We did a test to see when the best time would be to wirecut. It turns out that around one hour is a good time. The clay is soft enough to cut, but the surface finish is better. However, it demonstrated that the clay could be cut immediately to obtain satisfactory results. Waiting too long to cut (ie, overnight) means that the clay will be too hard. Cuts could still be made in compression, but any tension applied would likely cause the piece to be deformed or moved out of place.
We applied our basic component to more complex shapes in grasshopper, to show that it was possible. We settled on a simplified vault to test the concept in real life. We printed it in PLA first, then began to print two rows of it in clay.
Our robotic process consisted of two sections: printing and cutting. The printing process followed the commonly used ABB plug-in for grasshopper. The shapes were contoured, and the contours divided into target planes for the robot. The file was checked visually for collisions before printing.
During the process, we discovered that the cutting and printing files could be run separately, so that we could refine the cuts once the printing was completed. The first cut was always the smoothest, so it was best to make only one, but we could make secondary cuts when necessary. The secondary cuts left residue on the surface, however this could be removed through multiple subsequent passes, or delicately by hand once some drying had occurred.
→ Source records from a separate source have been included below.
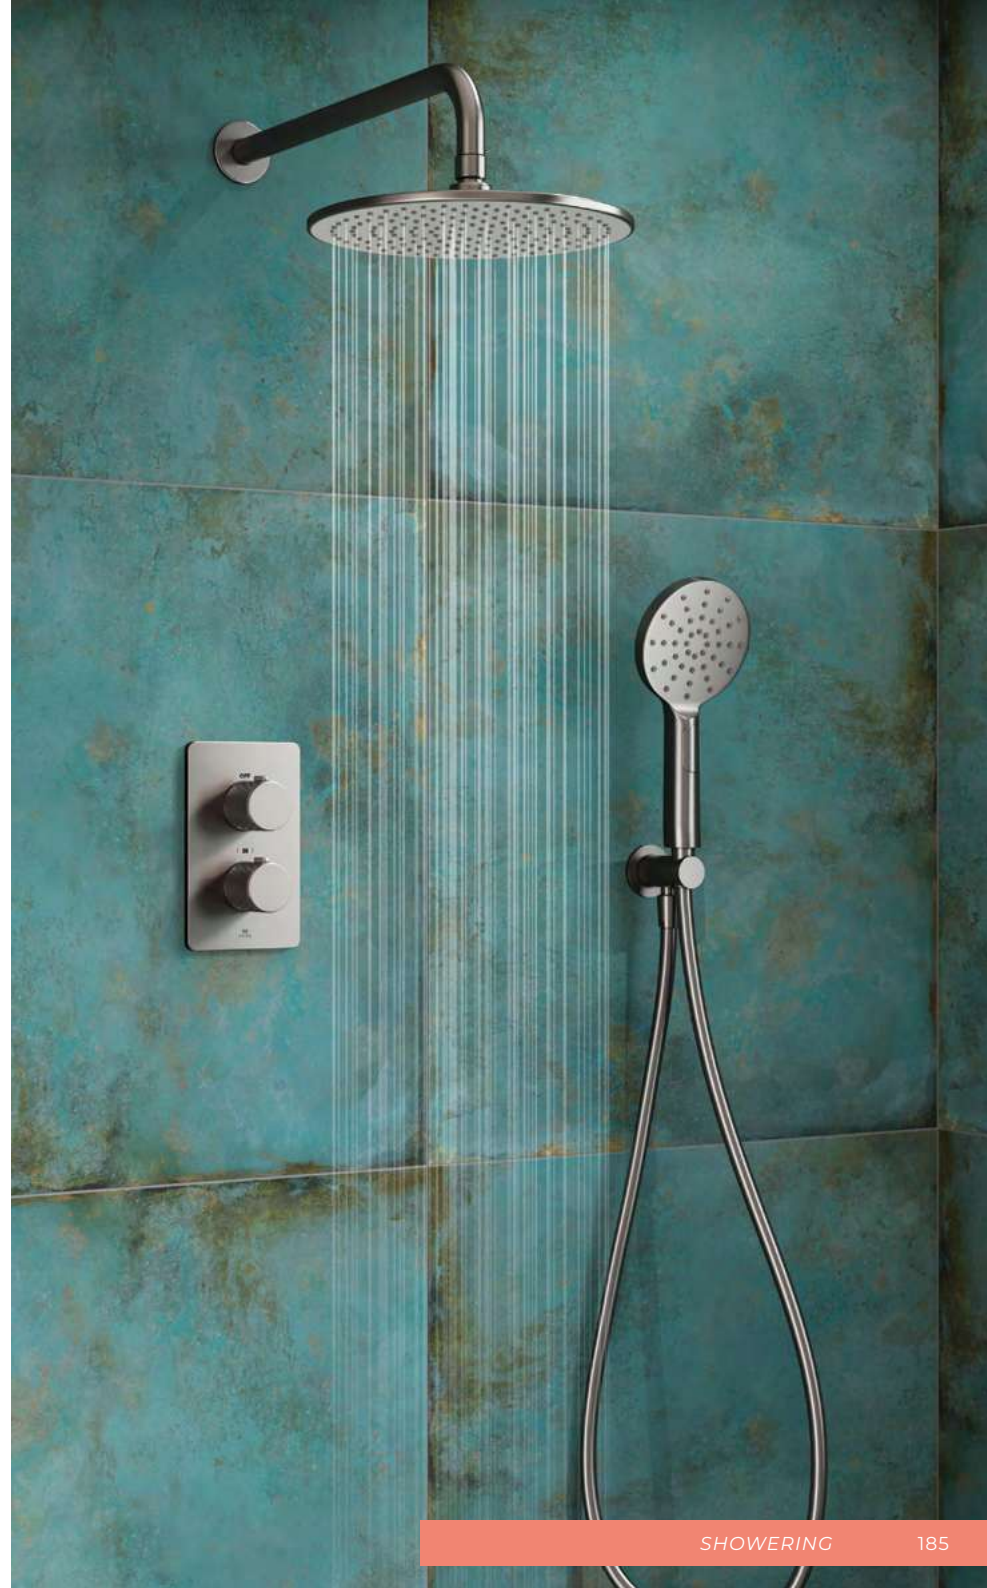

Dayla Square Ceiling Arm 120mm

MLSHDACACP		Chrome	£46
MLSHDACABL		Matt Black	£48
MLSHDACABB		Brushed Brass	£60
MLSHDACAGM		Gun Metal	£60

Shower Handsets & Hoses

Round & Square

Ryver Round Triple Function Handset

Stainless Steel Shower Hose

MLSHHOS1	1.5m	£22
MLSHHOS2	2m	£24

Round Shower Wall Outlet

MLSHRWO	Chrome	£22
---------	--------	-----

1.5m PVC Smooth Shower Hose

MLSHHOPVCCP	Chrome	£24
MLSHHOPVCBL	Matt Black	£29
MLSHHOPVCBB	Brushed Brass	£29
MLSHHOPVCGM	Gun Metal	£29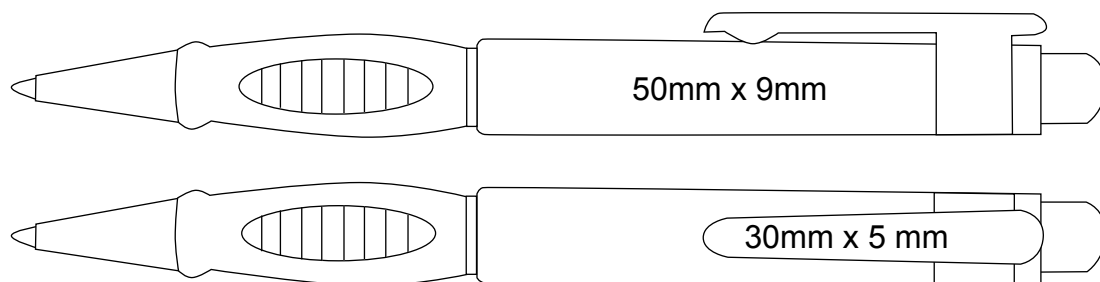

P 47

VIEW:100%

DECORATION AREA

BARREL (PAD):	50mm x 9mm
BARREL (SCREEN):	N/A
CLIP:	30mm x 5mm
LASER ENGRAVE:	N/A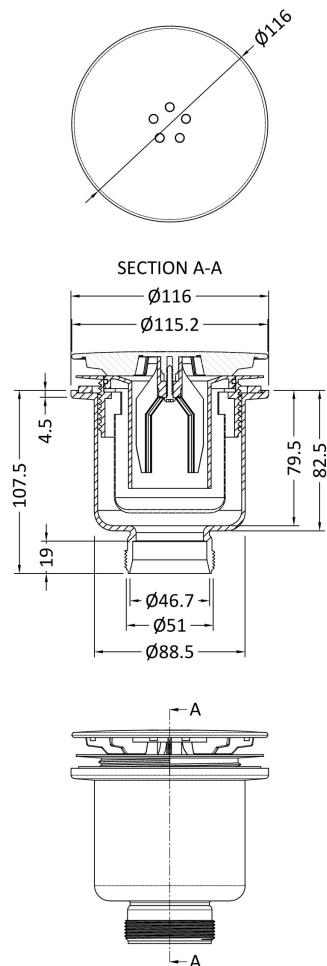

Sales Code: SWB002

Description: Straight Shower Tray Waste Bottom Outlet

Product Dimensions

Length (mm):	
Width (mm):	115
Height (mm):	145
Depth (mm):	115
Nett Weight (kg):	0.27

Packaging Dimensions

Height (mm):	145
Width (mm):	115
Depth (mm):	115
Gross Weight (kg):	0.28

Packaging Data

Box Colour:	Brown Cardboard Box
Box Qty:	1
Label Size:	100 x 50
Label Colour:	White Label
Label Qty:	2

Outer Box Dimensions (If Applicable)

Height (mm):	590
Width (mm):	380
Length (mm):	
Depth (mm):	
Gross Weight (kg):	14
Barcode:	5056678435632

Product Details

Country of Origin:	China
Fitting Instruction:	No
CE & UKCA:	N/A
Product Material:	Pp
Heating Element Wattage:	Not Applicable
Colour/Finish:	Black
Product Diameter:	115mm
Connection Size:	1 1/2"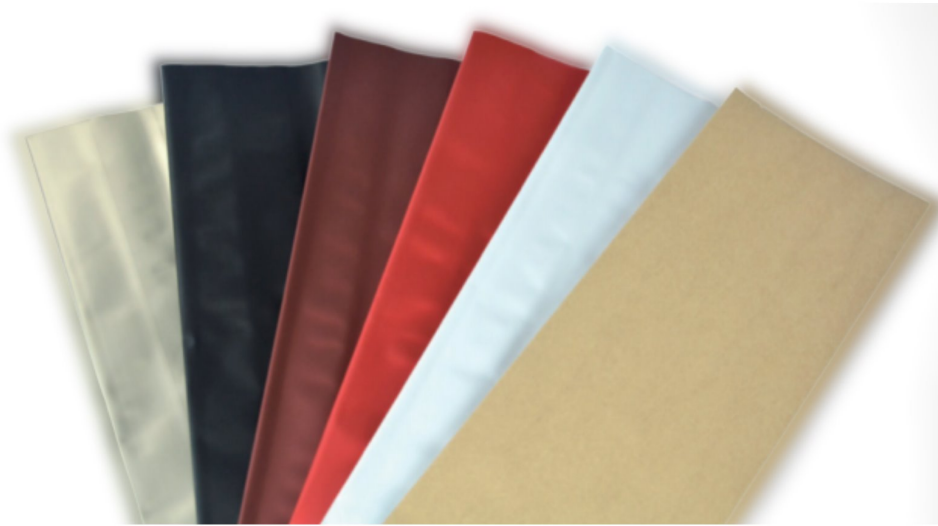

## »» Foil Series- Matte Coffee Angled Upright Bag ««

**CODE: ALS-MatteAngledUpright / KFS-MatteAngledUpright**

Without Zipper

**COLOR: RED, COFFEE, BLACK, WHITE, CHAMPAGNE GOLD/**

**KRAFT PAPER**

<b>CAPACITY</b>	<b>WIDTH</b>	<b>LENGTH</b>	<b>ONE SIDE</b>
990 g	135 mm	400 mm	75 mm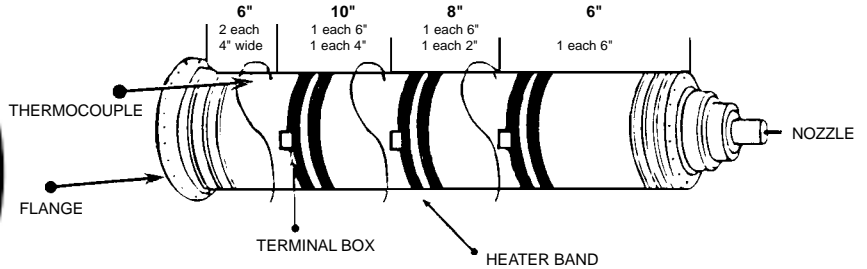

BARREL INSULATION BLANKETS

The off-the-shelf barrel insulation system keeps heat in your barrel as it reduces your plant ambient air temperature

SIMPLY MEASURE THE OUTSIDE DIAMETER of heater bands, and the distances between thermocouples. Then use a series of to cover the barrel and bands. For widths greater than 6" use a combination of sizes. For sample, use one 6" and one 2" to cover an 8" width.

- OUTSIDE FABRIC** - TEFLON COATED FIBERGLASS - 500° F HEAT RESISTANT
- INSULATION** - 1" CERAMIC FIBER - 2300° F
- INSIDE FABRIC** - SILICA FIBER - 2000° F
- CLOSURE SYSTEM** - NOMEX LOOP/S.S HOOK - N/A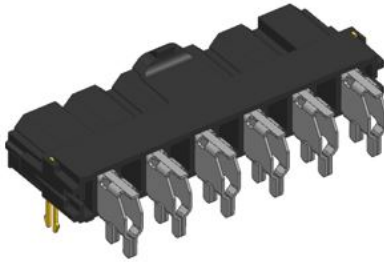

Product Change Notification

Date Issued :	April 22, 2022	PCN Number :	511711
Reason for Change :	Equipment Transfer, Production Transfer or Rearrangement		
Description of Change :	This notification is to inform you about equipment transfer that have been used to manufacture impacted part(s). Equipment have been moved to MFG Site change from Molex Lincoln to Shanghai. No changes will be made to product as part of this change.		
Assessment of Change :	Reliability Test Report/s		
Planned Implementation Date :	October 22, 2022		
Sample Availability Date:	April 30, 2022		
Internal Molex Qualification Date :	April 30, 2022		
Last date to request Samples by Customer :	June 30, 2022		
Traceability Code Markings / Date :	Date code		

Before Picture

Affected Products Photos

Mini-Fit Sr Vertical Header 42819

Mini-Fit Sr Right angle Header 42820

Mini-Fit Sr Female terminal 42815

After Picture

CFD

- Expanding capacity for Mini-Fit Sr Crimping terminals, and Headers with their corresponding components in Molex Shanghai to support market growth.
- Customers will be supplied from Nogales, Lincoln or Shanghai production facilities going forward
- Product Impact: No impact to fit, form or function
- Part number Impact: see attached impacted part list
- Qualification Reports and samples available upon request after the date shown below
TARGET IMPLEMENTATION DATE: will implement phase by phase when the parts qualification completed.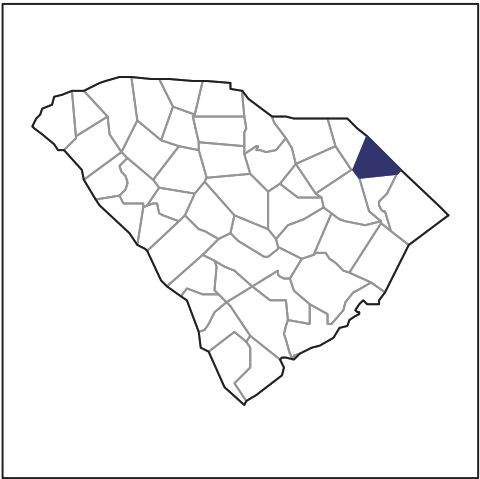

2012 CENSUS OF AGRICULTURE

RACE / ETHNICITY / GENDER PROFILE

Dillon County - South Carolina Farms with Asian Operators Compared with All Farms

Data are not available at this geographic level for farms with Asian Operators.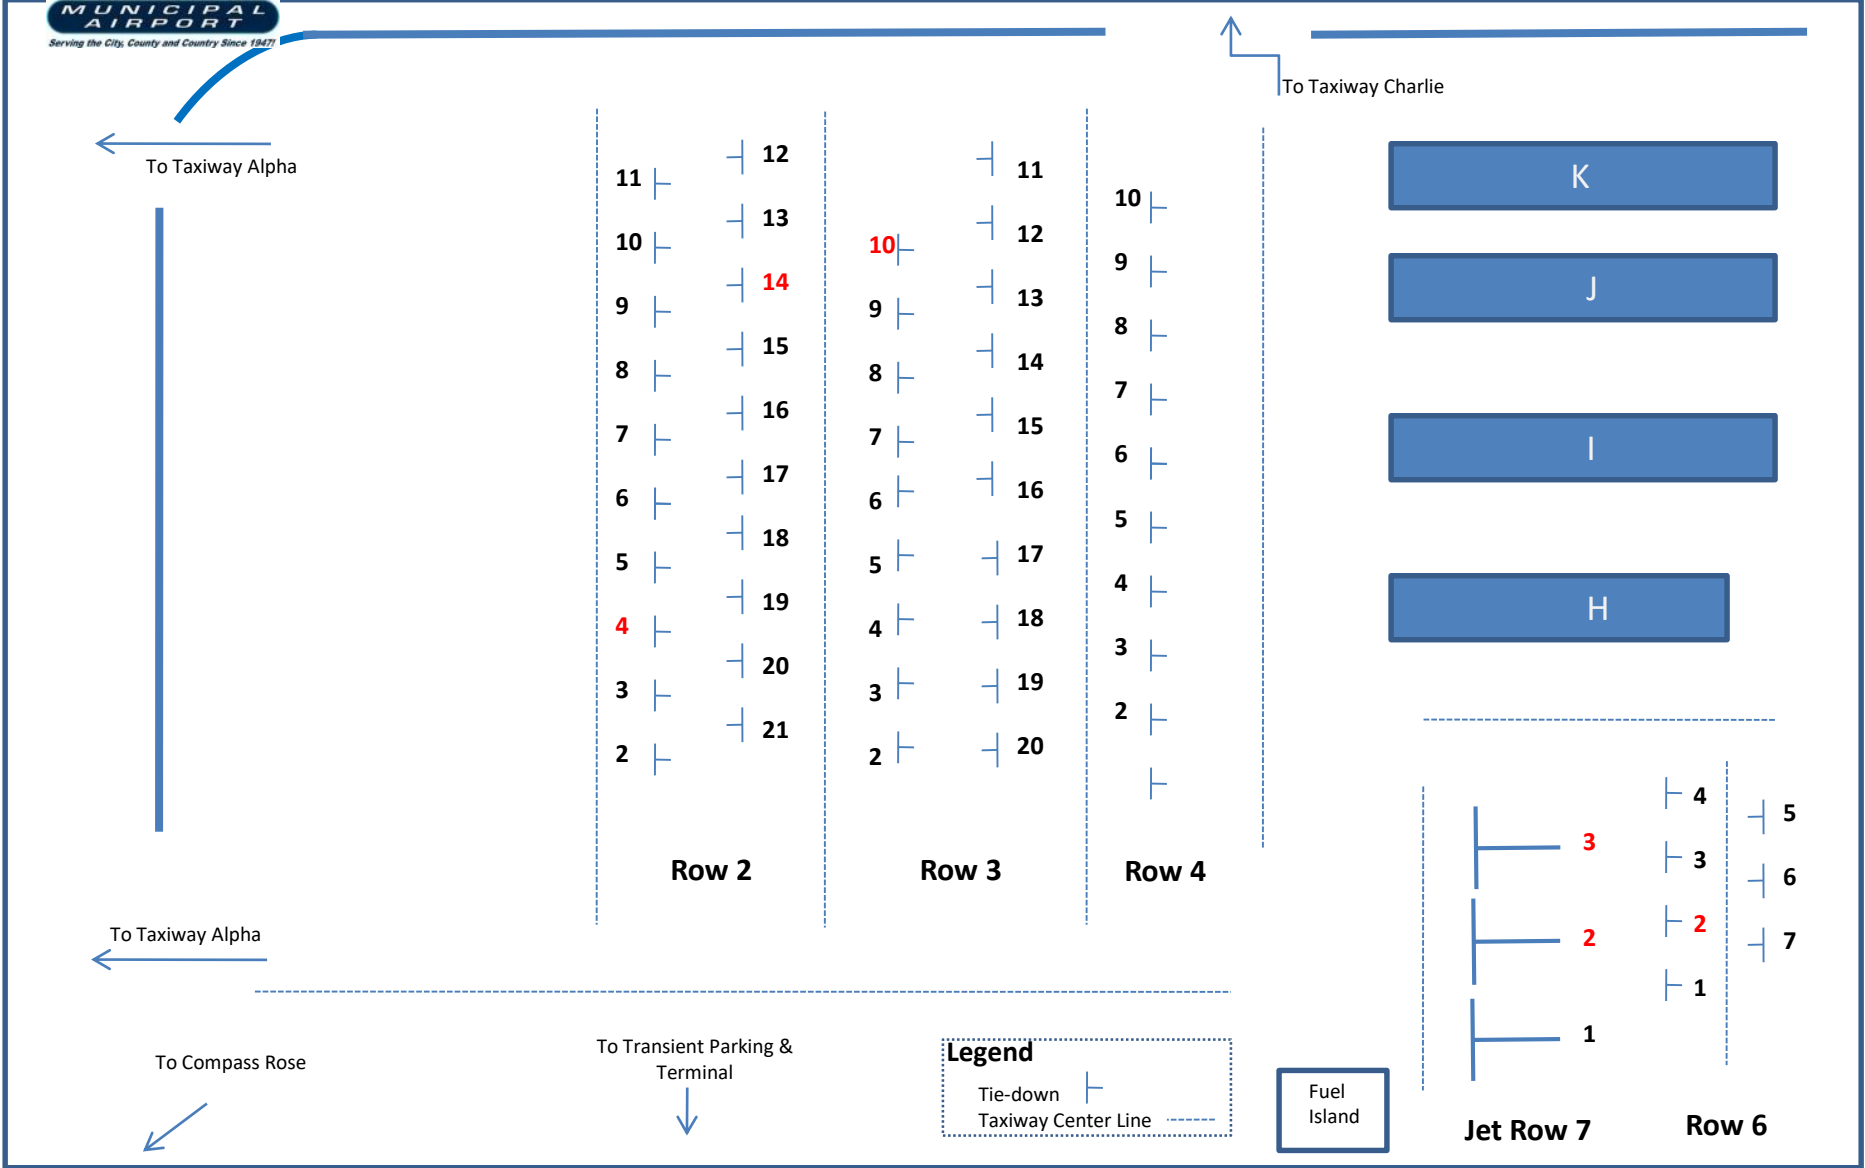

Tie Down Spaces Map

Vacant tie-downs represented by bold **"Red"** numbers...as of October 1, 2021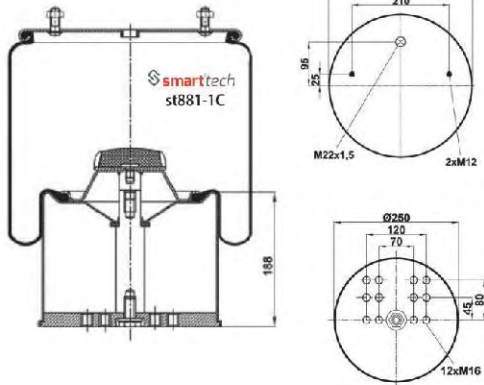

st881-1C

Order No: 27940141

OEM REFERENCES

BPW : BPW 36
BPW : 05.429.40.14.1

CROSS REFERENCES

CONTITECH : 881 MB**CA

st881-1CP

Order No: 27943510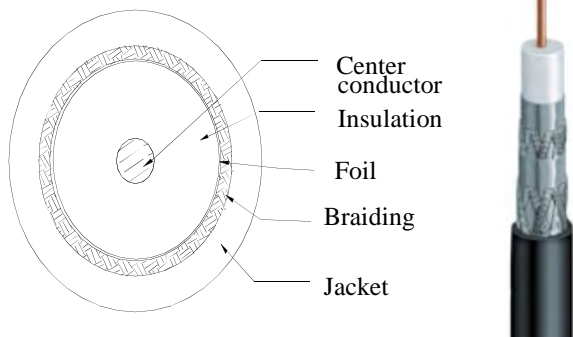

RG-6/U 60% CATV 75 Ω OUTDOOR Coaxial Cable

Description

RG-6/U 60% OUTDOOR CATV 75 Ω Coaxial Cable

Applicable Standards

Reference Standard

SCTE IPS-SP-001

UL 1655, UL 13, UL 444, ROHS

Physical Characteristics

Conductor		C.C.S.
AWG		18
Diameter	(inches)	0.04
Insulation		Skin Foamed PE
Nom. Thickness	(inches)	0.070
Insulation Diameter	(inches)	0.180
Braid Shield		Aluminum
Coverage Area	(%)	60
Braid Diameter	(inches)	0.213
Jacket		Polyethylene
Cable Diameter	(inches)	0.2716
Nom. Thickness	(inches)	0.0255
Nominal Weight		30 lbs.

Cable Marking

RG6/U UV RATED OUTDOOR DIRECT BURIAL TYPE 18AWG
XXXXXX CATV SWEPT TO 3.0GHZ C(ETL)US ****FT

Electrical Performance

Frequency (MHz)	Attenuation (dB/100m)	Frequency (MHz)	Attenuation (dB/100m)
5	2.66	550	16.70
55	5.25	600	17.52
211	10.10	750	19.69
250	11.02	870	21.33
270	11.48	1000	22.97
300	12.14	1250	25.00
350	13.15	1450	26.37
400	14.11	2200	31.16
450	15.03	2400	32.83
500	15.88	3000	37.88

Electrical Characteristics

Temperature Rating	(°C)	-40 to 60
Impedance	(± 3.0 Ohms)	75
Capacitance	(pF/ft)	15.5
Conductor DCR@20° C	(ohms/1000ft)	28.6
Velocity of Propagation	(%)	84
ROHS Compliant		Yes

Part Numbers

Part #	Color	Put-up
RG6OSPBK2	Black	1,000' Reel

We also noted that we were able to repair damaged components through our process. On two separate occasions we dropped a screwdriver and the air hose from the extruder into a freshly printed component. The surface was patched, the cutting portion of the file was run, and a clean repaired surface was obtained. We believe this to be a promising capability for 3D prints, which can otherwise be ruined by surface imperfections.
Another observation was that if subsequent cuts were to be made, it would be necessary to complete the separating cuts again, since parts with their seams smoothed over were difficult to separate. With this in mind, it is possible then that the smoothing effect of the cuts may also improve the adhesion of printed layers.
Results
We printed 16 pieces for use in an arched segment of the test vault. Our process steadily improved throughout until a final surface finish was obtained that was very smooth.
Next Steps
From our research, we believe there are several relevant next steps
- Increased scale. While tolerance requirements are more forgiving at building scale, the surface created by Kuka sized printing is lower-resolution, and would therefore benefit from post-processing
- Alternative tools. Our end effector made use of a wire to cut. However, other tools could be used with the same logic and would have useful effects. For instance, a blade could be used after wire cutting to smooth surfaces. Or a cutting tool with a radius could be used to move beyond purely stereotomic cutting
- Unique joint surfaces. Expanding on the concept of unique, customized joint surfaces between individual components could allow assembly instructions to be built-in, and could remove the need for formwork
- Aesthetic potential. Our exploration focused on a very simple design as a proof of concept. There is a lot of room for exploration here
- Sensing and feedback systems. Some possibilities include surface mapping for improved cutting accuracy, ambient condition monitoring for print consistency, and error tracking.